Innovation du côté des micro-algues à Banyuls-sur-Mer

Innovation du côté des micro-algues à Banyuls-sur-Mer

Depuis quelques années, les micro-algues prolifèrent sur les côtes françaises, notamment en Bretagne, et donnent lieu à des épisodes récurrents de pollution.
Les micro-algues sont essentielles à l’équilibre de nos mers et océans ; elles constituent le premier maillon de la chaîne alimentaire dans les écosystèmes marins. Pourtant, parmi les milliers d’espèces connues, près de cent sont toxiques. En forte densité dans l’eau, elles peuvent contaminer la faune marine (destruction de stocks de poissons ou d’élevages conchylicoles), mais aussi provoquer certaines pathologies chez l’homme (via l’alimentation).

Ainsi, la start-up Microbia Environnement, créée en 2013 à Banyuls sur Mer, a élaboré un kit de détection des micro-algues en milieu marin, afin de prévenir ces risques toxiques dans les eaux marines et saumâtres. Cette jeune société a mis au point un outil simple, par une technique de biopuce, pour détecter et quantifier 40 espèces de micro-algues toxiques en seulement quatre heures, quand les autres procédés prennent habituellement 72 heures.

Microbia Environnement a récemment été récompensé au salon Pollutec à Lyon en décembre 2016 par le Trophée export des éco-entreprises. Il s’agit d’un nouveau succès pour les cofondatrices Delphine Guillebault et Carmem-Lara Manes, puisque la start-up s’était déjà vu décerner le prix Alfred Sauvy en novembre 2016 par le réseau des Cadres Catalans.

Cette innovation s’adresse avant tout aux professionnels de l’aquaculture et de la conchyliculture. Les autorités publiques sont aussi concernées : les micro-algues constituent de fait un enjeu de santé publique.
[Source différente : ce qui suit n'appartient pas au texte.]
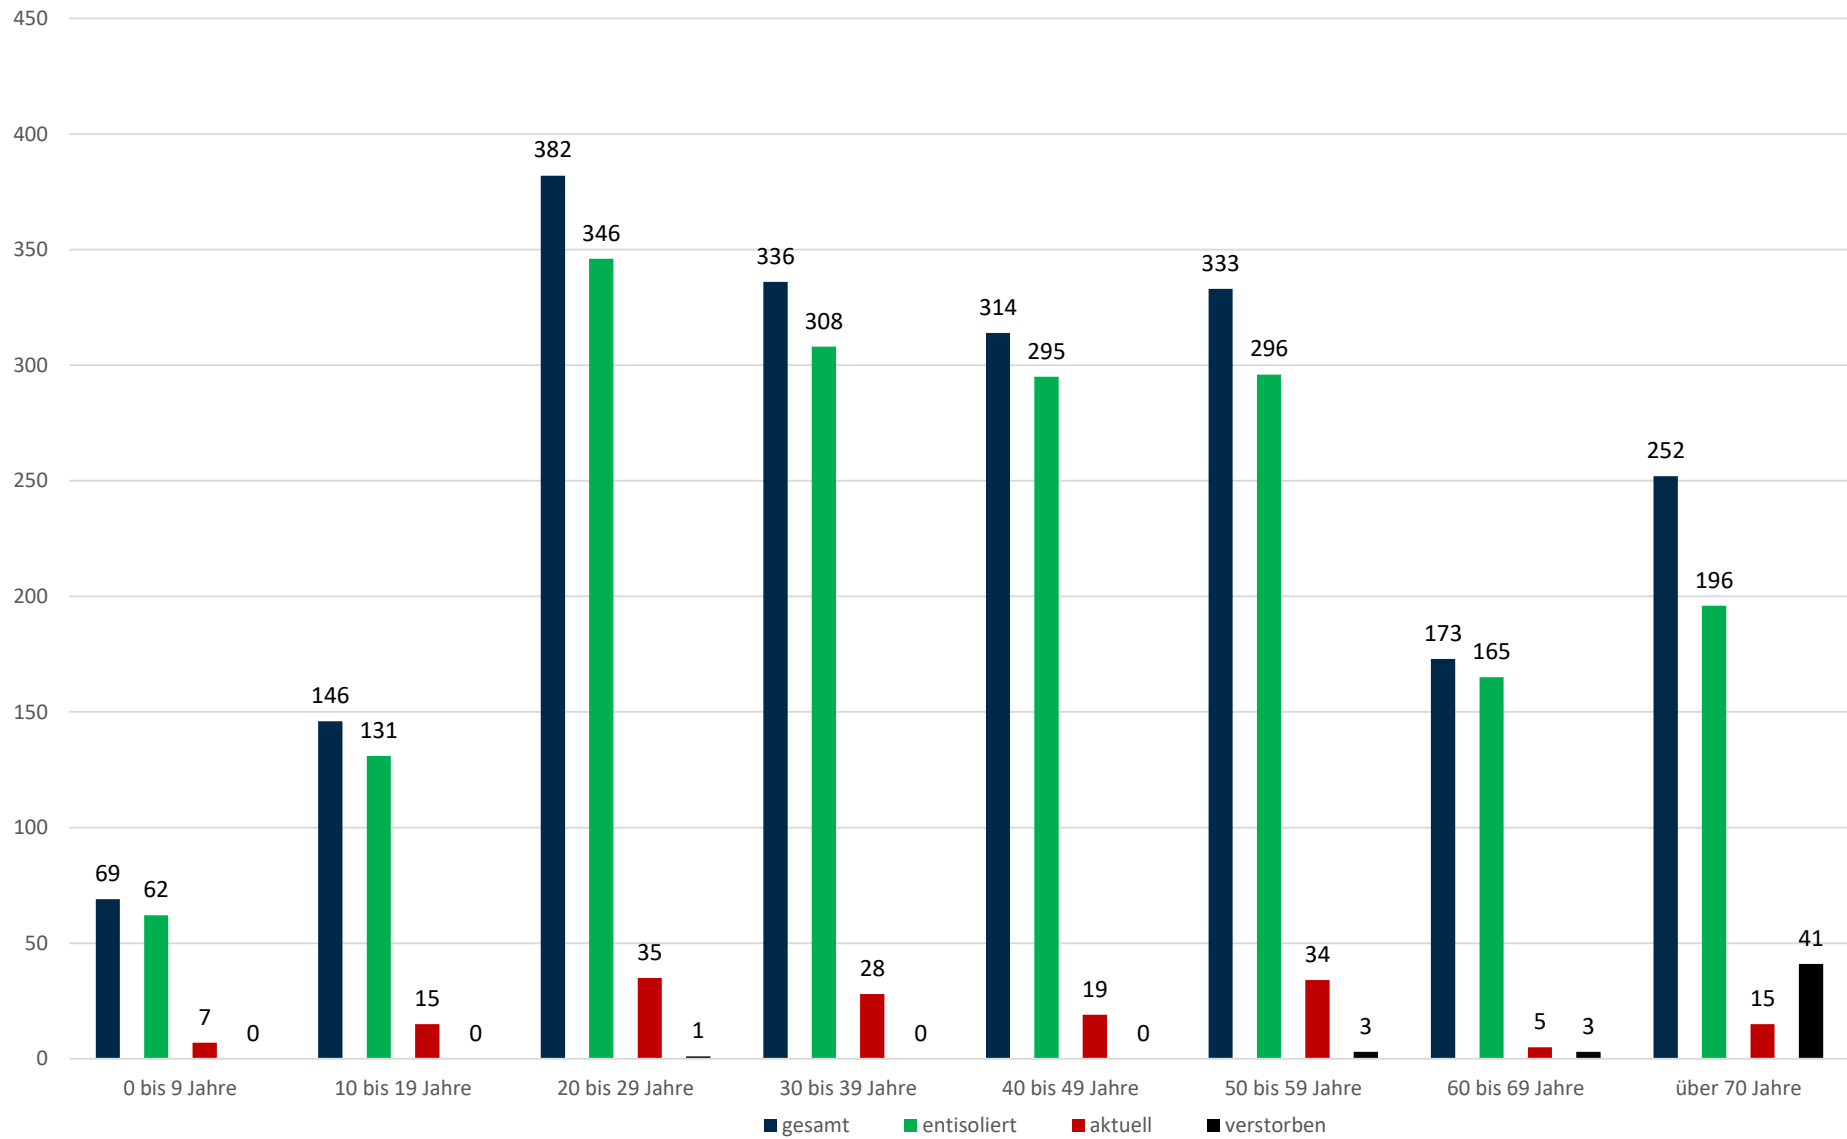

Statistik Covid-19

■ Neuinfektionen pro Tag — kritischer Tageswert Neuinfektionen ● Verlauf

Statistik Covid-19

Probenahmen vs Covid-19

Statistik Covid-19

Probenahmen vs Covid-19

Statistik Covid-19

entisoliert gemäß RKI kumulativ vs Covid-19 kumulativ

Statistik Covid-19

Altersverteilung Covid-19

Statistik Covid-19

Stadtbezirke

Statistik Covid-19

Geschlechterverteilung

Statistik Covid-19

Aussi, avec cet outil de gestion quotidienne de la qualité des eaux, Microbia aspire à devenir le leader mondial du diagnostic génétique en microbiologie environnementale dans les cinq prochaines années. La start-up des Pyrénées Orientales ne s’arrête pas à ce premier succès, puisque deux projets de R&D sont aussi à l’étude pour mettre au point des procédés d’évaluation de pollution des eaux marines.